I’ve had a copy of Linda Grant’s most recent novel “The Dark Circle” on my shelf since it was published in November, but for whatever reason I didn’t get to reading it despite being extremely moved by her previous novel “Upstairs at the Party.” So I was delighted to find it on the Baileys Prize shortlist as it gave me a great excuse to get it down and finally read it. Although this novel is very different from her previous one I was immediately drawn in by the eloquence of Grant’s prose with its excellent witty dialogue and vibrant characters. The story concerns a brother and sister (Lenny and Miriam) in 1950s London who contract tuberculosis. The city and social environment are vividly rendered where the continued deprivation of the war and effects of the bombings are still intensely felt. A very different scene is evoked when the pair are taken to a sanatorium in Kent which was once an exclusive facility for the privileged but it’s now taking in patients under the new national health care system. This creates an intermingling of people from all walks of life who are plagued by this illness and pining for a rumoured miracle cure. The result is a spectacular evocation of the passage of time and changing values through the lives of several fascinating characters.
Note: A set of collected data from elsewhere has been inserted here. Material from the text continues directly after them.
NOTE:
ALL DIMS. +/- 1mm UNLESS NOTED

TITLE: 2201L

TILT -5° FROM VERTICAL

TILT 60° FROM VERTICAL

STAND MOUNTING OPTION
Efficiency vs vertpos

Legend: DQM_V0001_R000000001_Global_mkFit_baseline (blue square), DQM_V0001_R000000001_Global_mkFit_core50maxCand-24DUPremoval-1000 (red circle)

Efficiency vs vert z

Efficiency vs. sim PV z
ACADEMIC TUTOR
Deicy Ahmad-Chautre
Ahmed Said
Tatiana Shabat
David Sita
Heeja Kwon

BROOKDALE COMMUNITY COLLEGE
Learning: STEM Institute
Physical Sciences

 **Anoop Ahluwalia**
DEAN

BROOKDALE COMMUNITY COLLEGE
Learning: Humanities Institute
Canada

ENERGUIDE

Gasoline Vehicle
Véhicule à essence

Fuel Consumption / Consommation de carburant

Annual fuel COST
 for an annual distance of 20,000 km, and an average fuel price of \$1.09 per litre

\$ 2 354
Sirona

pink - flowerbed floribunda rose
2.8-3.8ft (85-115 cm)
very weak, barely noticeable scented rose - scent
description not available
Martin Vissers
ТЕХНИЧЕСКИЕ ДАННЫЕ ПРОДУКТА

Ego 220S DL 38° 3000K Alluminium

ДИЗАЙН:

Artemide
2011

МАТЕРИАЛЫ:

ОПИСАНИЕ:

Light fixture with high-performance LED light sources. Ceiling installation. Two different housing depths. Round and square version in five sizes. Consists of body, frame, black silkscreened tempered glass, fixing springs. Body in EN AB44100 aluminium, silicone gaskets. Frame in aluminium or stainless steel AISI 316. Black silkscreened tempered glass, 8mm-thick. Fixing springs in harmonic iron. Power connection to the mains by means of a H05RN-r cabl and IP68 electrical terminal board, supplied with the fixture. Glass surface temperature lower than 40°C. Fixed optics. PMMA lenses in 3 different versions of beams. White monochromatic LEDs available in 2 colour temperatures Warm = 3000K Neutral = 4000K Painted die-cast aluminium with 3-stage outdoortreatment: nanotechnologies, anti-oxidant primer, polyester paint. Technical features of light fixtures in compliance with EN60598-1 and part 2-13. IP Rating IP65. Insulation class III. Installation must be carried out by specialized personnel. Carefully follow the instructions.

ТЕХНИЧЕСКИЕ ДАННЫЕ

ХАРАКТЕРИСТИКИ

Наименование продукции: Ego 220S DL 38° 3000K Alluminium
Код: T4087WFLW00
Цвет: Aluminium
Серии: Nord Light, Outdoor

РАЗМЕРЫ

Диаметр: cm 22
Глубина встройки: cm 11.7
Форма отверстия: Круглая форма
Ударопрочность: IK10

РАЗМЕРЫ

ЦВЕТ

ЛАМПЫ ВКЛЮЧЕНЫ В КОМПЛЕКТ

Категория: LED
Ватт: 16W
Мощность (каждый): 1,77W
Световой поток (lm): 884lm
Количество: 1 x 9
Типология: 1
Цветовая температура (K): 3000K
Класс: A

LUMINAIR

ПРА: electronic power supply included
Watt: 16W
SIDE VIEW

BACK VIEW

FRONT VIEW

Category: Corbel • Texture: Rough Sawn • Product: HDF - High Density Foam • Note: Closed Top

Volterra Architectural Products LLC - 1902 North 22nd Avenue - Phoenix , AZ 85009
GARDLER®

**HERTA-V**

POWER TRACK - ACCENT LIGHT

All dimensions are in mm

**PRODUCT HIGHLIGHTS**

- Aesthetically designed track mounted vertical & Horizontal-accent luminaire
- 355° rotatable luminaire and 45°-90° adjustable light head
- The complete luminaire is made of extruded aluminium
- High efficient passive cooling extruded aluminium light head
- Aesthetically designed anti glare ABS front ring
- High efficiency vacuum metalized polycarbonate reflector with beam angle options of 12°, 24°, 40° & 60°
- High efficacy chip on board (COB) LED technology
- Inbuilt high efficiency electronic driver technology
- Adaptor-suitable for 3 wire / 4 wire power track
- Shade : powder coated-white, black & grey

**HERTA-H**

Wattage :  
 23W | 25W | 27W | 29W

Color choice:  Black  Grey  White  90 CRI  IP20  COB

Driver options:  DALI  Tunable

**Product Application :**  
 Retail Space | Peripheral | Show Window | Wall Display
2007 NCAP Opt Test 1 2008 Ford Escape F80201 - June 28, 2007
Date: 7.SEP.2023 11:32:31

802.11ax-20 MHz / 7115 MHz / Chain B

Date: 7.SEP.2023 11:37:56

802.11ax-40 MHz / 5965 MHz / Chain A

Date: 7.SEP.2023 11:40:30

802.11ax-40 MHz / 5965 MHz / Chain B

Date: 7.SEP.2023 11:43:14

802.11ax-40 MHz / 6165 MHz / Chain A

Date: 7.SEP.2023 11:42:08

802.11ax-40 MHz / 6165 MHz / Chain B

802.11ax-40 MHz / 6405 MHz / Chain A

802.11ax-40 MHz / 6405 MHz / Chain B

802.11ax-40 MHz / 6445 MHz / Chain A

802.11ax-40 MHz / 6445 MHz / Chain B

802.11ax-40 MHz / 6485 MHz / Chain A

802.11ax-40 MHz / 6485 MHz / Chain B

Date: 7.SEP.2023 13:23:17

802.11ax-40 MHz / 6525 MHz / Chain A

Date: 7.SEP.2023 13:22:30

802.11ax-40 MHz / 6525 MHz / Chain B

The medical facility that's purportedly for recuperation feels like a truly stultifying environment. Patients are encouraged to be as inactive as possible to prevent themselves from getting too excited. They are prescribed to take in fresh, bracing air so many are set out on a veranda in the freezing cold weather. Most terrifying of all is an upper floor of children confined to their rooms and put in straight jackets if they become too active. Whilst purportedly giving their bodies a rest their minds rot from lack of stimulation. Yet, some of the patients form special connections based around interests like literature and music. There's a particularly forceful American character Arthur Persky who introduces an element of chaos into the strictly ordered facility. Gradually the stories of their particular backgrounds unfold amidst these interactions. New arrivals Lenny and Miriam are looked down upon as London working class Jewish people by some of the medical staff such as the terrifyingly named Dr. Limb. He feels that “the government had opened the door of the slums. It was difficult to be discerning about such an undifferentiated mass of humanity.” That there were such classist opinions about socialized health care in the early years of the system seems particularly striking when thinking about recent debates about funding for the NHS.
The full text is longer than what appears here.